The morning after his U.C. Irvine lecture, Nadelmann hustles me into a meeting of the Democracy Alliance, a confab for wealthy progressive donors, at a tony oceanfront resort in Laguna Beach, where a pair of carbon-fiber McLaren roadsters and a fire-red Ferarri are parked out front.
There's nothing slick about Nadelmann. Instead of resort linens or the sharply ironed business-casual attire of the millionaires milling about, he looks like he's out to grab a bagel on Manhattan's Upper West Side, where he lives, wearing a generic orange polo shirt and holey dad jeans.

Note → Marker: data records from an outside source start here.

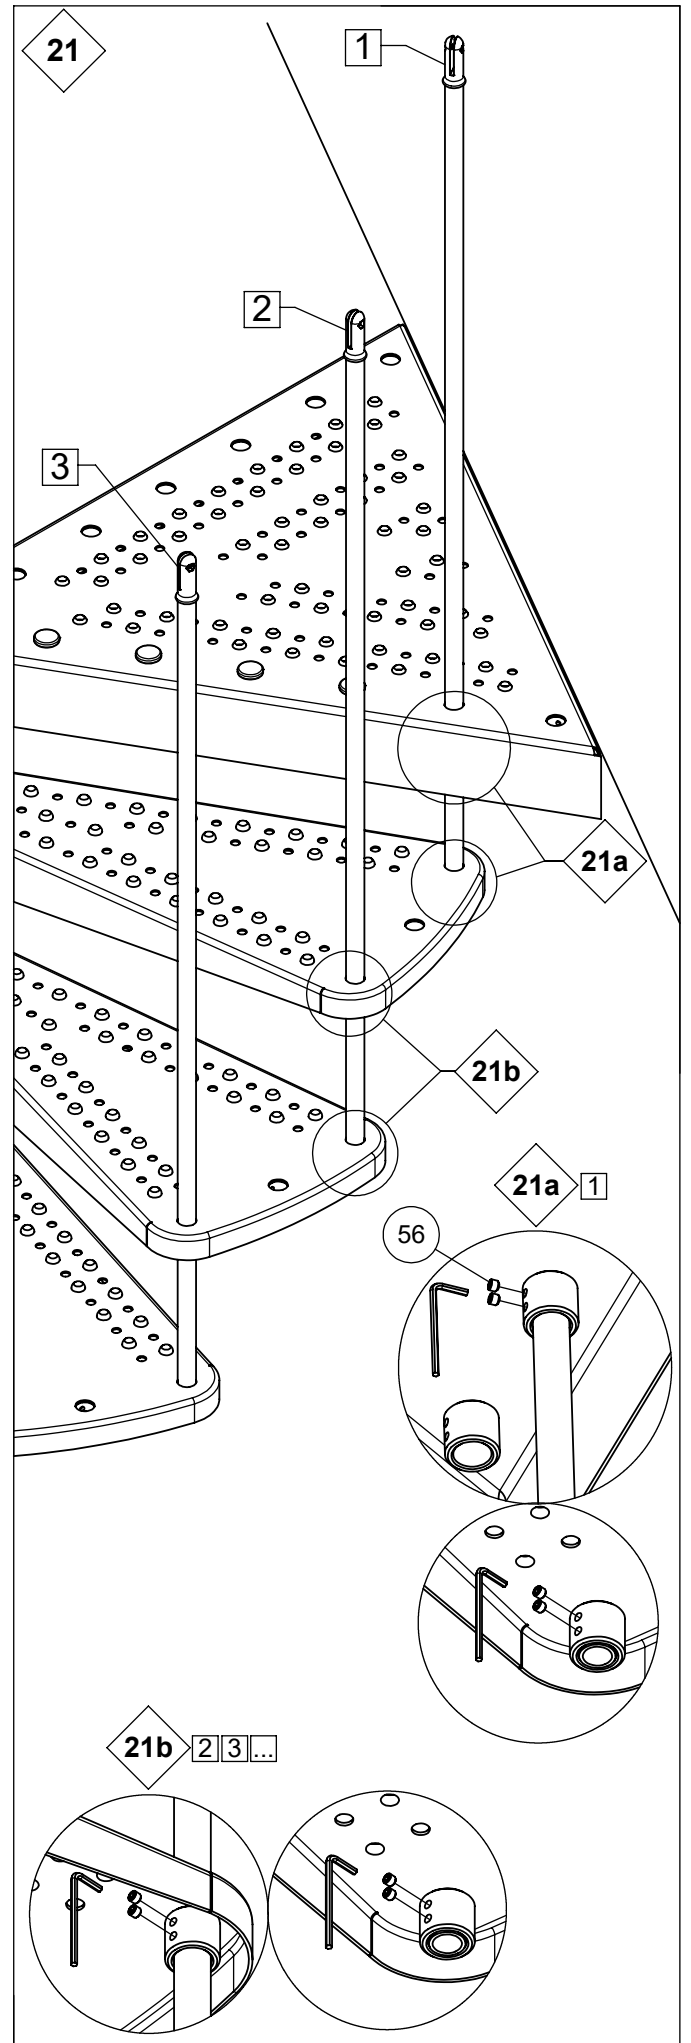

TORONTO / INDUSTRIA V3

Ø 125 cm

Notice de montage
Installation instruction

<p>27</p>  <p>× 1 K1-39214</p>	<p>28</p>  <p>× 2 K2-39010</p>	<p>33</p>  <p>× 4 K1-39030</p>				
<p>50</p>  <p>× 7 K3-06070 Ø10 x 60</p>	<p>51</p>  <p>× 7 K3-04040 Ø10</p>	<p>52</p>  <p>× 7 K3-08001 Ø12 x 60</p>	<p>53</p>  <p>× 2 K3-05021 M8 x 10</p>	<p>54</p>  <p>× 2 K3-03054 M20</p>	<p>55</p>  <p>× 2 K3-04021 Ø20</p>	<p>56</p>  <p>× 85 K3-05055 M6 x 5</p>
<p>57</p>  <p>× 9 K3-08002 Ø8 x 40</p>	<p>58</p>  <p>× 9 K3-06007 Ø6 x 35</p>	<p>59</p>  <p>× 30 K3-03050 M5</p>	<p>60</p>  <p>× 30 K3-01201 M5 x 14</p>	<p>69</p>  <p>× 1 R1-63272 Ø6 x 25</p>	<p>70</p>  <p>× 1 K3-90001</p>	

205 mm

210 mm

215 mm

220 mm

225 mm

230 mm

235 mm

12

T

4

N
0...6 st (pcs)

P
+ 1 st (pcs)

2700	5	T
2785	5	5
2790	5	6
2795	5	7
2800	5	8

H 2790 mm

P

N x T

Ø 125 cm		
	A	B
	mm	mm
11	472	-565
12	263	-451
13	115	-263
14	54	-33
15	89	204
16	215	406

0

31

Nadelmann answers questions about his own drug use with nonchalance. Cocaine? "I tried it any number of times, but it always seemed to me like drinking too much coffee and having post-nasal drip." Pot? "I've been an occasional marijuana consumer since I was 18," he says, but despite leading a movement of activists who could hook him up with the finest strains of Purple Kush, he insists he's no connoisseur. "I know remarkably little," he says sheepishly. "I finally got it straight between indica and sativa."
He is more avid about psychedelics. Nadelmann likens his use of mushrooms to fasting on Yom Kippur: "Once a year, it's a good thing." And he's taken two "vision quests" under the influence of ayahuasca, a cousin of peyote, regarded as "the queen" of hallucinogens. "Psychedelics are wasted on the young," he says.